G.F. Maywald and R.W. Sutherst
CSIRO Division of Entomology,
Long Pocket Laboratories,
Indooroopilly, Brisbane, QLD.
Many organisms have not yet reached their potential distribution around the globe. As international trade and tourism increase, the risk of transferring pests and diseases demands ever greater vigilance from quarantine authorities. Artificial introductions of beneficial species are also being used more widely in the biological control of weeds and other pest species. It is possible to predict new areas which a species could colonise by matching the climates of its current distribution with potential areas at risk. In addition, the predicted 'Greenhouse effect' could change the distribution of insects and other organisms.

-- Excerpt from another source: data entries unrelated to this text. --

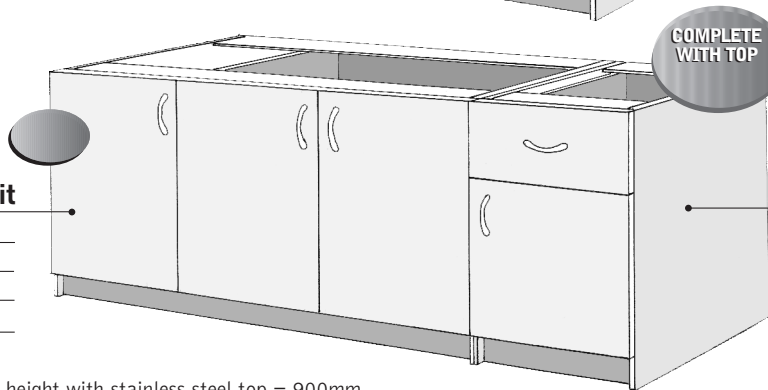

1200 Base Unit

White Melamine
Height (mm) 860
Width (mm) 1215
Depth (mm) 488

1500 Base Unit

White Melamine
Height (mm) 860
Width (mm) 1515
Depth (mm) 488

1665 Base Unit

White Melamine
Height (mm) 860
Width (mm) 1665
Depth (mm) 488

1800 Base Unit

White Melamine
Height (mm) 860
Width (mm) 1820
Depth (mm) 488

Stainless Steel Benchtops

(To fit 1200, 1500, 1665 & 1800 base units)

1225w x 505d (To fit 1200w base unit)
1525w x 505d (To fit 1500w base unit)
1680w x 505d (To fit 1665w base unit)
1830w x 505d (To fit 1800w base unit)

4 Door Workbench

Available in white melamine or MDF

MDF

Includes double thickness top as shown

Height (mm) 902
Width (mm) 1800
Depth (mm) 600

White Melamine

(does not include top)

Height (mm) 870
Width (mm) 1780
Depth (mm) 575

Stainless Tub

To fit tub unit
Depth (mm) 255

Laundry Unit

White Melamine tub unit hinged left or right
Height (mm) 885
Width (mm) 560
Depth (mm) 450

Note: reverse cabinet and JT3 Reverse Tub also available
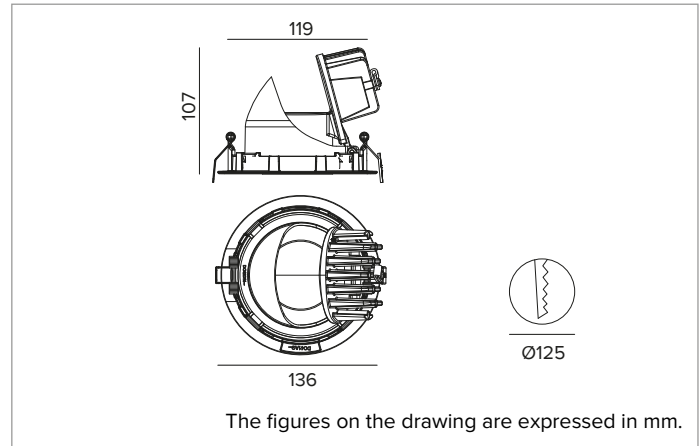

1T9283EL | CCTEVO EXTRACTABLE 125

Recessed extractable LED projector

		4000K	H(m)	D(m)	E _{max} (lx)
		Ra90		10°	
		Fixture Power	7W	1	0.18 12042
		Source Flux	584lm	2	0.35 3011
		Fixture Flux	537lm	3	0.53 1338
		Efficacy	75lm/W	4	0.71 753
TS1380	I _{max} =20620cd/klm	I _{max}	12042cd	5	0.88 482

CCT nominal: 4000K

Lifetime (L80/B10): >50000h tq +25°C

ILLUMINOTECHNICAL CHARACTERISTICS

NSP - precision optics with a black silicone cut off ring. Version with a transparent PMMA lens. UGR<19 (EN 12464-1).

Optic: LENS

Beam angles: NSP

Optical efficiency: 92%

Fixture flux: 537lm

Luminous efficacy: 75lm/W

Photobiological safety: Compliant with RG1 low risk group

MECHANICAL CHARACTERISTICS

Die-cast black painted anodised aluminium body and dissipator. Friction rotation system on hinges with adjustability of the fixture from -25°/+75° on a vertical plane and can be manually aimed to 355° on a horizontal plane. Trim version with an integrated black ring.

Early responses to the entry of pest organisms require rapid access to information on their likely ability to survive. After a pest has been found to have been introduced, quarantine measures to prevent its establishment and spread must be put into place rapidly. However, these measures can be expensive and inconvenient. If it is known with some certainty that the introduced organism is unable to survive, or propagate economically damaging populations in the affected location, these expenses can be avoided.
In an earlier paper , we described a computer program, CLIMEX, that produces rapid assessments of climatic suitability of given locations for any nominated species of plant or poikilothermic animal. The program uses a climatic database, and parameters describing the response of individual species to temperature and moisture, to generate an index describing the suitability of any location for permanent colonization by that species. Information in this form is readily interpretable by decision makers.
Since CLIMEX was first described, it has been considerably enhanced in several areas. A major recent enhancement was the addition of a facility to allow adjustments to the meteorological data to facilitate the exploration of possible changes in distributions due to various scenarios arising from the conjectured 'Greenhouse effect'. In addition, two further functions have been added. These are firstly, a function to search the CLIMEX database for locations with climates similar to that of a nominated location's climate, and secondly, the ability to perform simple database management functions on the climatic data files. A version of CLIMEX is now available that can run on small IBM or compatible personal computers, operated by an attractive 'Menu-driven' interface.
Presentation of CLIMEX results has been enhanced by an option that produces a report, with some interpretation of indices, and integrated seasonal graphs and maps. As well as this, the indices can be produced in a format suitable for interfacing with ExperTik, an expert system for application to cattle tick (Boophilus microplus) problems . Some of these improvements are summarised below and a full description is provided in .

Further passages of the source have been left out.